Uncertainty Could Spell Disaster for the Dow (^DJI ^VIX JPM)

Post on: 16 Март, 2015 No Comment

Uncertainty Could Spell Disaster for the Dow (^DJI ^VIX JPM)

Nothing in life is certain. But there are some uncertainties that can be avoided, and markets particularly loathe it when they aren’t.

Sequestration, tax increases, the fiscal cliff — these are some of the punishments politicians could have avoided. But instead, we have increasing uncertainty, and that could hit the Dow Jones Industrial Average ( INDEX: ^DJI ). and the markets in general, like a ton of bricks as the year end approaches.

The Dow, the market’s lovable yet odd index, appears apolitical on the surface. It’s a price-weighted average of some of the United States’ largest companies, and at first glance, it seems as if it doesn’t care who’s doing what in the political realm. But the Dow is based on stock prices, and those stock prices are determined by people like you and me who are buying and selling stakes in companies. Politicians have control over tax rates and government spending, which can no doubt have an effect on stock prices and along with them, the Dow.

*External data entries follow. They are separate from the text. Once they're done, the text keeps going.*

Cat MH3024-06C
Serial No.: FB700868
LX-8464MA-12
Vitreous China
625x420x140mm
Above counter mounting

For those of you who are curious, sequestration is the trip switch Congress passed that would automatically cut $1.2 trillion in defense spending over nine years. The fiscal cliff is the conundrum the U.S. faces if tax increases and sequestration go into effect. Both of these time bombs are set to go off at the first of the year, and the uncertainty leading up to it could send volatility, measured by the Volatility Index ( INDEX: ^VIX ). skyrocketing. Yes, volatility has been pretty low since the dark days of fall 2008 (and has dropped 32% year to date) , but be prepared for a wild December ride in the markets. During the heart of 2011’s debt-ceiling debate, the Dow dropped 15%  over the course of a week and a half. If Congress doesn’t act quickly, there may be more market plunges.

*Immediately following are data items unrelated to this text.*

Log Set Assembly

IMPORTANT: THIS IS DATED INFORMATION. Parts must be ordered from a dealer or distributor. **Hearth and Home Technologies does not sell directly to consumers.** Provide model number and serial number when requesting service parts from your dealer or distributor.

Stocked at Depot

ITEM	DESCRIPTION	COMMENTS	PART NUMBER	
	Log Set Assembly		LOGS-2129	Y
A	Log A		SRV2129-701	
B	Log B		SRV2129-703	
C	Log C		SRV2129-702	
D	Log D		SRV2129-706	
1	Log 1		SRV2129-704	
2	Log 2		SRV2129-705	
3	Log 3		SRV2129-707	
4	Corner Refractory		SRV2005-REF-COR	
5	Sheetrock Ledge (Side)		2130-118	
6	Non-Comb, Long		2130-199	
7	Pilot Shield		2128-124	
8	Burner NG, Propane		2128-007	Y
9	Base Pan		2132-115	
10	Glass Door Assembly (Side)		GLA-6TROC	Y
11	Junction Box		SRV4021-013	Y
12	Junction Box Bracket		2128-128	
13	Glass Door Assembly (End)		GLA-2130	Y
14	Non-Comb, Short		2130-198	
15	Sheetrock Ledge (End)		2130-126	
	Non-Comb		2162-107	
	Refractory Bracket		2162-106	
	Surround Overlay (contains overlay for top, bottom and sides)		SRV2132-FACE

While the debt ceiling shouldn’t have to be raised until the beginning of next year , Bush tax cuts and a payroll tax holiday are expiring at the end of the year, and Defense Department cuts must be dealt with during Congress’ lame-duck period. Judging by last year’s no-holds-barred debate over raising the debt ceiling, debate over the tax rate increase could bring an all-out brawl with little time for resolution.

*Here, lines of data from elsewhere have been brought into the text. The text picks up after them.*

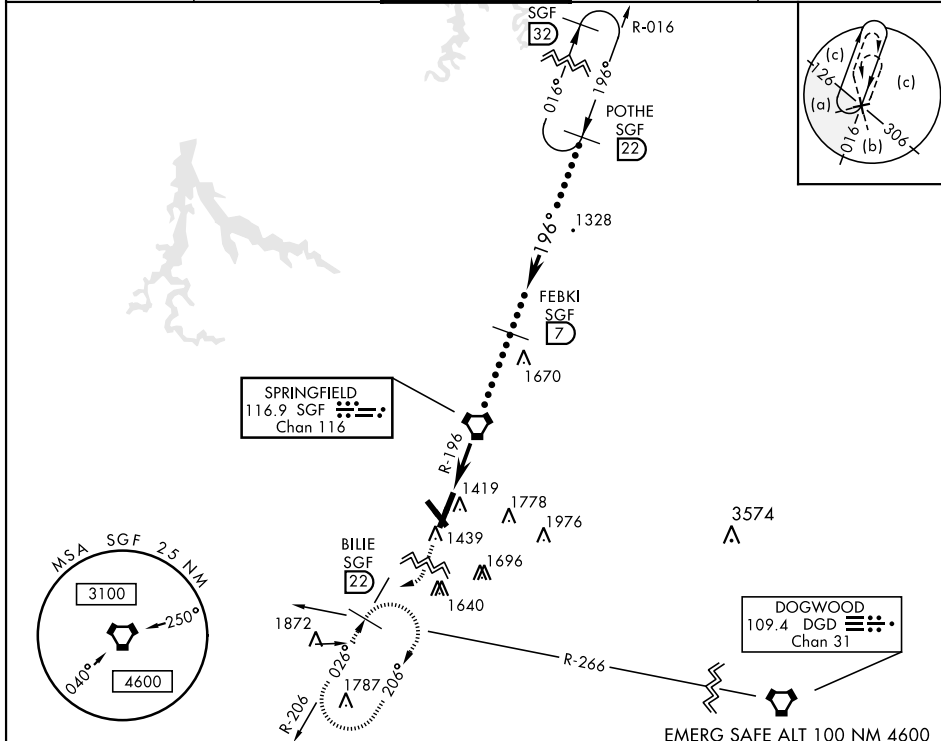

VORTAC SGF 116.9 Chan 116	APCH CRS 196°	Rwy Idg 7003 TDZE 1262 Arprt Elev 1268	JAL-604 [USAF]	SPRINGFIELD-BRANSON NATIONAL (KSGF)
---------------------------------	------------------	---	----------------	-------------------------------------

When local altimeter setting not received, use Monett altimeter setting.

MALS (A4) MISSED APPROACH: Climb to 3000 then right turn via SGF VORTAC R-206 to BILLIE INT/SGF 22 DME and hold.

ATIS 135.125	SPRINGFIELD APP CON 121.1 290.5	SPRINGFIELD TOWER 119.9 257.8	GND CON 121.9 251.15	CLNC DEL 123.675
-----------------	------------------------------------	----------------------------------	-------------------------	---------------------

EMERG SAFE ALT 100 NM 4600

CATEGORY	MONETT ALTIMETER SETTING MINIMUMS		
	C	D	E
S-20	1760-1¼ 498 (500-1¼)	1760-1½ 498 (500-1½)	1760-1¾ 498 (500-1¾)
CIRCLING	1820-1½ 552 (600-1½)	1820-2 552 (600-2)	1920-2¼ 652 (700-2¼)
S-20	1860-1½ 598 (600-1½)	1860-1¾ 598 (600-1¾)	1860-2 598 (600-2)
CIRCLING	1920-1¾ 652 (700-1¾)	1920-2¾ 652 (700-2¾)	2020-2¾ 752 (800-2¾)

NC-3, 09 SEP 2021 to 07 OCT 2021

NC-3, 09 SEP 2021 to 07 OCT 2021

The U.S. isn’t the only one affected

It’d be one thing if our decisions affected only our country, but that isn’t the case. Uncertainty  was at the core of the International Monetary Fund’s recent World Economic Outlook update, which painted a gloomy picture of economic activity for the remainder of 2012 and into 2013. Global growth estimates decreased from 2% to 1.5% growth for advanced economies and from 6% to 5.6% for emerging economies . And the U.S. wasn’t spared, with GDP growth estimates reduced a tenth of a percent for 2013 . While these reductions are indeed worrisome, the IMF has based these reductions on a number of predictions, including: U.S. policymakers avoid the fiscal cliff and raise the debt ceiling, while making good progress toward a comprehensive plan to restore fiscal sustainability.

While I think Congress is sane enough to eventually avoid the fiscal cliff, I also expect Democrats and Republicans to lead us to the very brink in a high-stakes game of chicken (think debt-ceiling debate redux). And if we fly right off that cliff? The IMF’s current growth predictions for next year look downright rosy.

As the U.S. talks about taxes and program cuts, there are lessons to learn from our friends overseas. The eurozone’s belly flop into fiscal austerity suggests that cutting too much too quickly exacerbates a slowdown.